WORK ORDER
All lines from the one with "Liste Pieces Detaches" to the end of the entries below must be written out exactly. Leave out any other line.

Stored dataset items:

# # # #

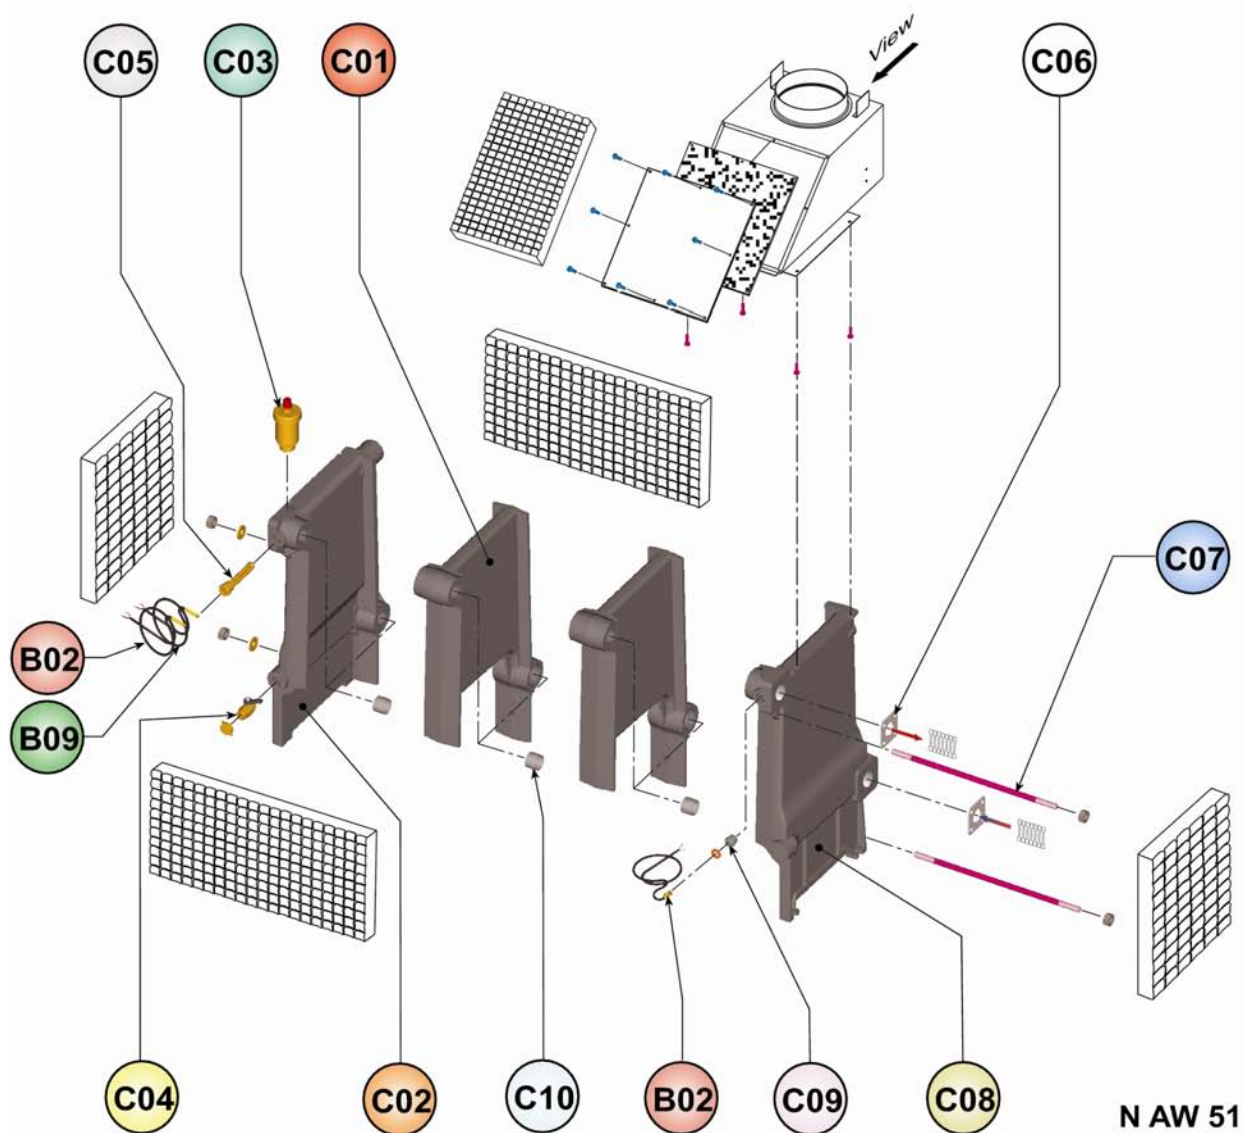

Lamborghini
CALORECLIMA

Lista Pezzi / Spare Parts / Ersatzteile / List Onderdelen
Liste Pieces Detaches / Lista Piezas De Repuesto

GASTER N AW 4-7

# # # #

ANSWER FOR THIS EXERCISE
Liste Pieces Detaches / Lista Piezas De Repuesto

GASTER N AW 4-7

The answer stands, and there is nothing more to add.